Previously published algorithms for finding the longest common subsequence of two sequences of length n have had a best-case running time of O(n^2). Hunt and Szymanski presented an algorithm for LCS problem in O((r + n) log n) time, where r is the total number of ordered pairs of positions at which the two sequences match. Thus in the worst case the algorithm has a running time of O(n^2 log n). However, for those applications where most positions of one sequence match relatively few positions in the other sequence, a running time of O(n log n) can be expected.
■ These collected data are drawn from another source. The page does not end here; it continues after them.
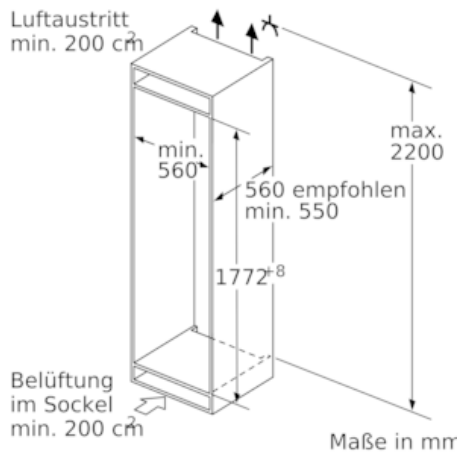

Gefrierenteil

- noFrost - nie wieder abtauen!
- ****-Gefrierraum: 67 l Nutzinhalt
- Gefriervermögen: 8 kg in 24 Std.
- Lagerzeit bei Störung: 13 Std.
- varioZone - für flexible Nutzung des Gefrierraums
- 3 transparente Gefriergut-Schubladen, davon 1 bigBox
- Gefriergut-Kalender

Maße

- Gerätemaße (H x B x T): 177.2 cm x 55.8 cm x 54.5 cm
- Nischenmaße (H x B x T): 177.5 cm x 56.0 cm x 55.0 cm

Technische Informationen

- Türanschlag rechts, wechselbar
- Anschlusswert: Anschlusswert: 90 W
- 220 - 240 V
- Transportgriffe

Zubehör

- 2 x Kälteakku, 2 x Eierablage, 1 x Eiswürfelschale
- Flaschenkamm

**iQ500, Einbau-Kühl-Gefrier-Kombination mit Gefrierbereich unten,
177.2 x 55.8 cm
KI86NHD30**

Maßzeichnungen

Maße in mm
Empfehlung Spaltmaße für Flachscharnier

F	R	X
16-19	0-3	2,5
20	0-1	3
	2-3	2,5
21	0-1	3
	2-3	2,5
22	0	4
	1	3,5
	2-3	3

Die in der Tabelle empfohlenen Spaltmaße sind einzuhalten, um eine kollisionsfreie Öffnung der Gerätetüre zu gewährleisten und Beschädigungen am Küchenmöbel zu vermeiden.
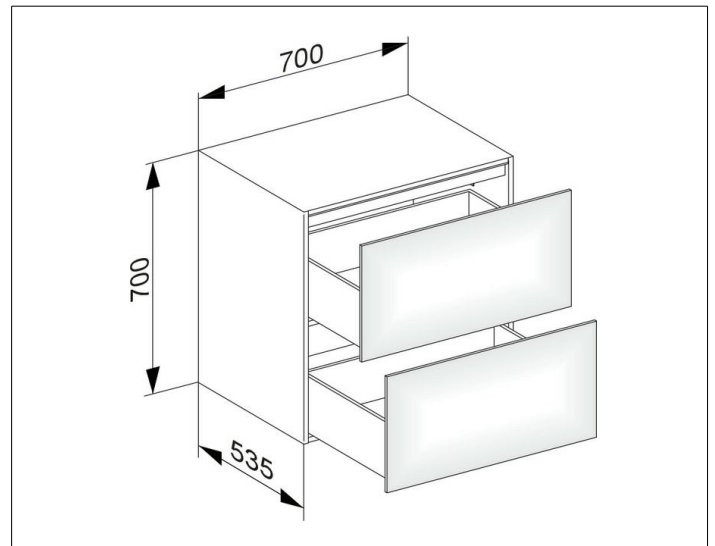

Edition 11

31323390000 Sideboard

PRODUKT

ZEICHNUNG

OBERFLÄCHE

anthrazit/anthrazit

ABMESSUNG

700 x 700 x 535 mm

int HuntSzymanski_Alg1(unsigned char *stringA, unsigned char *stringB, int m, int n)
{
int i, j, k, LCS, high, low,mid, alphabet_size = 256;
int *matchlist[alphabet_size], *L;
for (i = 0; i < alphabet_size; i++){
matchlist[i] = (int*)calloc((n + 2), sizeof(int));
}
L = (int*)calloc((n + 1), sizeof(int));
/*-----make the matchlist-----*/
for (i = 1; i <= m; i++){
if (matchlist[stringA[i]][0] == 0){
matchlist[stringA[i]][0] = 1;
for (k = 1,j = n; j>0; j--){
if (stringA[i] == stringB[j]){
matchlist[stringA[i]][k] = j;
k++;
}
matchlist[stringA[i]][k] = -1;
}
}
}
/*-----finding the LCS-----*/
for (LCS = 0, i = 1; i <= m; i++){
for (j = 1; matchlist[stringA[i]][j] != -1; j++){
/*-----if the number bigger then the biggest number in the L, LCS + 1-----*/
if (matchlist[stringA[i]][j] > L[LCS]){
LCS++;
L[LCS] = matchlist[stringA[i]][j];
}
/*-----else, do the binary search to find the place to insert the number-----*/
else{
high = LCS;
low = 0;
k = 0;
while (1){
mid = low + ((high - low) / 2);
if (L[mid] == matchlist[stringA[i]][j]){
k = 1;
break;
}
if (high - low <= 1){
mid = high;
break;
}
if (L[mid] > matchlist[stringA[i]][j]){
high = mid;
}
else if (L[mid] < matchlist[stringA[i]][j]){
low = mid;
}
}
if (k == 0){
L[mid] = matchlist[stringA[i]][j];
}
}
}
}
for (i = 0; i < 256; i++){
free(matchlist[i]);
}
free(matchlist);
free(L);
return LCS;
}
int HuntSzymanski_Alg(char *stringA, char *stringB, int m, int n)
{
return HuntSzymanski_Alg1((unsigned char*)stringA, (unsigned char*)stringB, m, n);
}